• _Exercise goal_: When a line in the entries below contains the word "GEHAEUSE", copy that line.

• _Records from a data collection_:
================
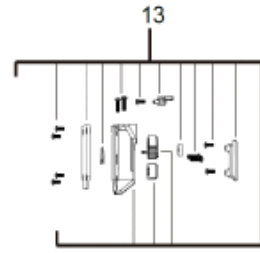

HOBL7000 BAUSTELLENLAMPE DK3

4933464160 - HOBL7000 DK3 - 4000467368

Position	Quantity	Description	Part number	EAN
0001 1	1	KABELSET	4931465581	4058546236816
0002 2	1	DECKEL-SET	4931465582	4058546236823
0003 3	1	SCHRAUBE	4931465583	4058546236830
0004 4	1	SCHRAUBE	4931465584	4058546236847
0005 5	1	GEHAEUSE LINKS	4931465585	4058546236854
0008 6	1	SCHEIBE	4931465586	4058546236861
0009 7	1	SCHRAUBE	4931465587	4058546236878
0010 8	1	SCHRAUBE	4931465588	4058546236885
0012 9	1	LINSE	Item discontinued(4931465589)	
0013 10	1	GEHAEUSE RECHTS	4931465590	4058546236908
0027 11	1	LEISTUNGSSCHILD	4931465595	4058546236953
0030 12	1	ELEKTRISCHES KABEL	Item discontinued(4931465596)	
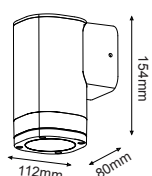

ΣΠΟΤ τοίχου
Wall luminaires **ELPIS**

IP54

230V | 1xGU10
max 7W LED
max 35W HALOGEN

Αλουμίνιο + Γυαλί + PC
Aluminum + Glass + PC
Hliníku + Sklo + PC
Алюминий + Сτýκλο + PC

BASE
75x80mm

Σκούρο γκρι / Dark grey
Τμανά žedá / Тъмно сиво
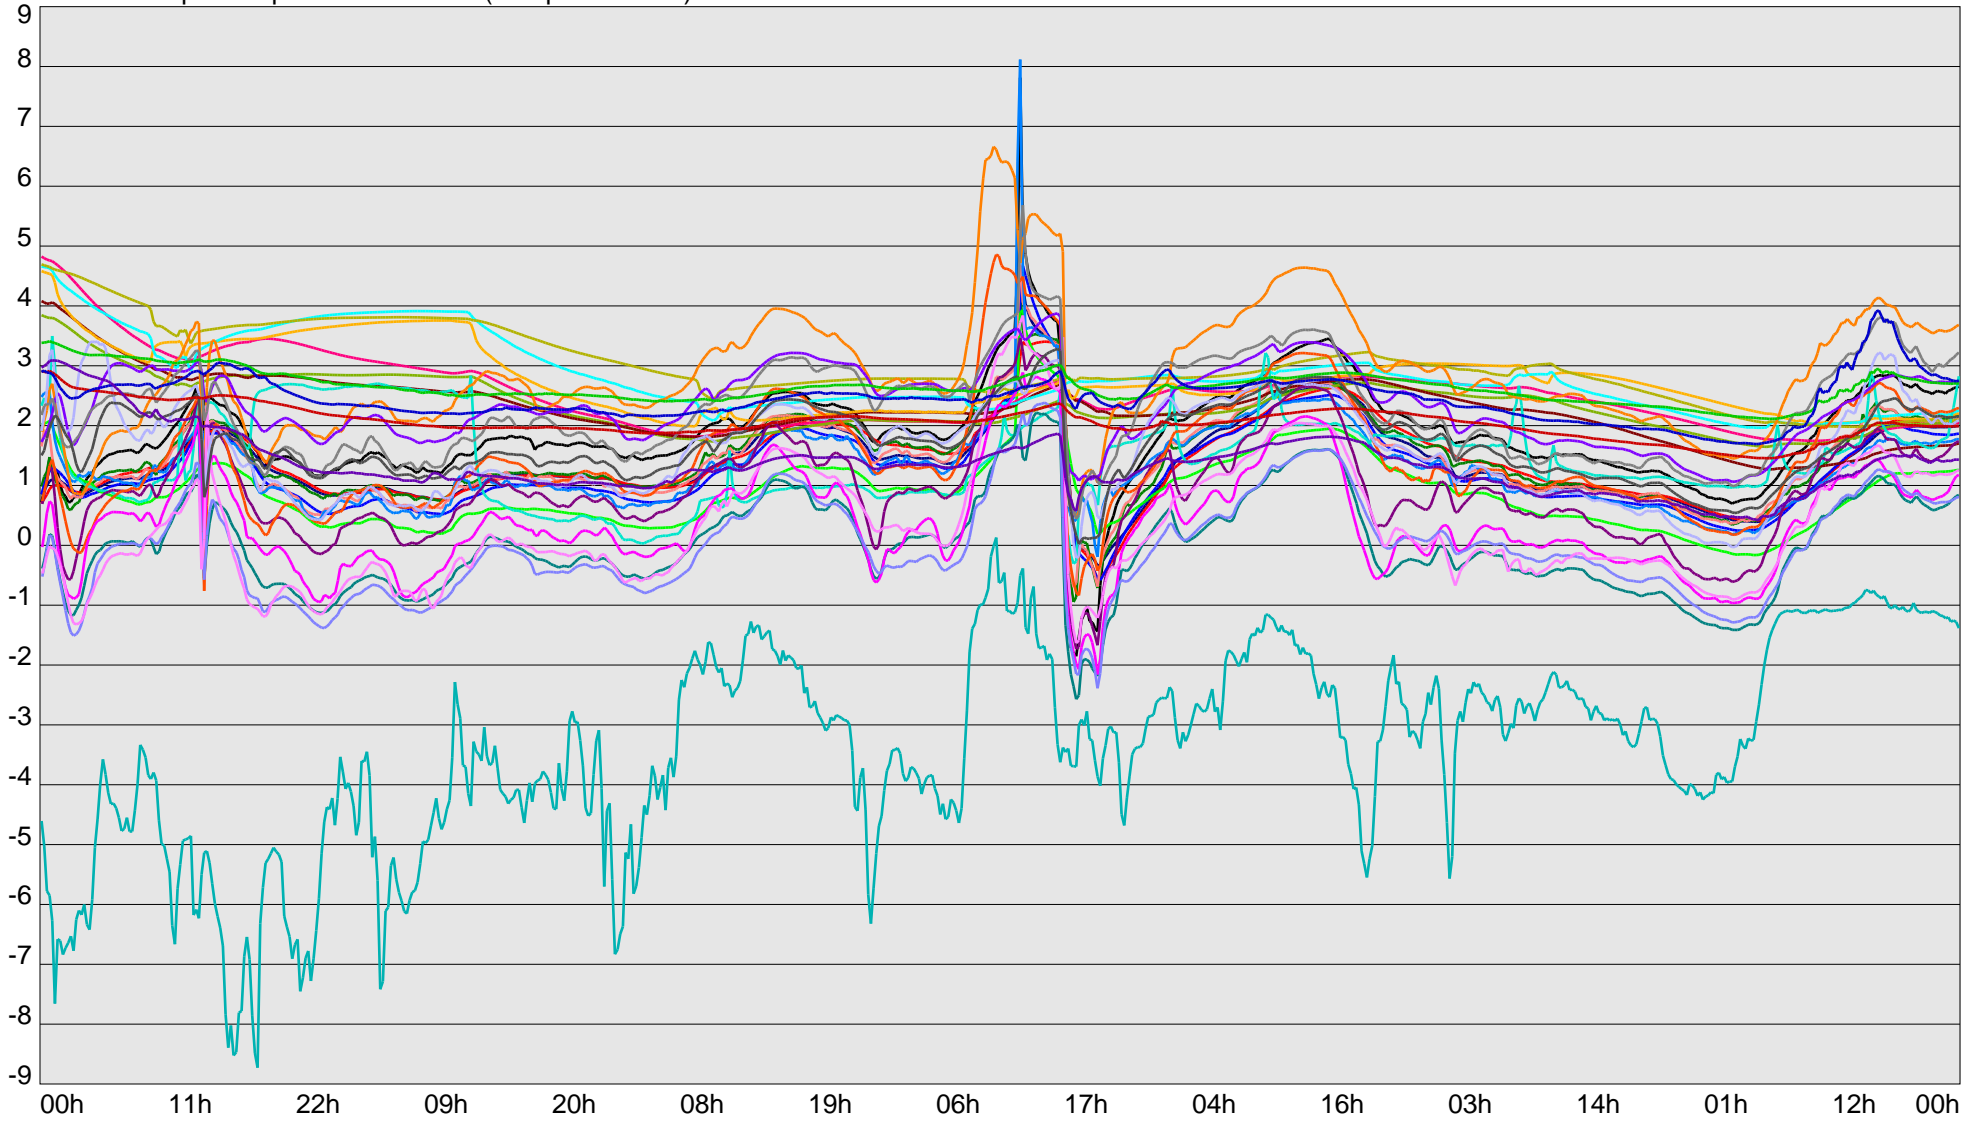

Telescope Temperature Sensors (Temp in Celcius)

TT1	TT2	TT3	TT4	TT5	TT6	TT7	TT8	TM1	TM2
TM3	TM4	TM5	TM6	TMS1	TMS2	TD1	TD2	TD3	TD4
TD5	TD6	TD7	TF1	TF2	TF3	TF4	TF5	TF6	TF7
TF8	TE1	TE2							
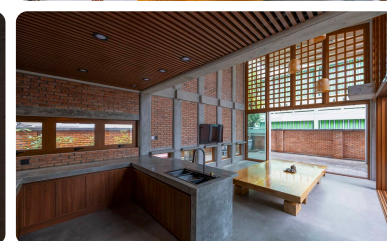

Nhà Quê

ĐỊA ĐIỂM: Quảng Nam, Việt Nam.

CÔNG TY: Nha Viet Decor .

NHÓM THIẾT KẾ: trinhvieta Architects.

NHIẾP ẢNH GIA: Triệu Chiến.
================
• _Answer_:
0005 5	1	GEHAEUSE LINKS	4931465585	4058546236854
0013 10	1	GEHAEUSE RECHTS	4931465590	4058546236908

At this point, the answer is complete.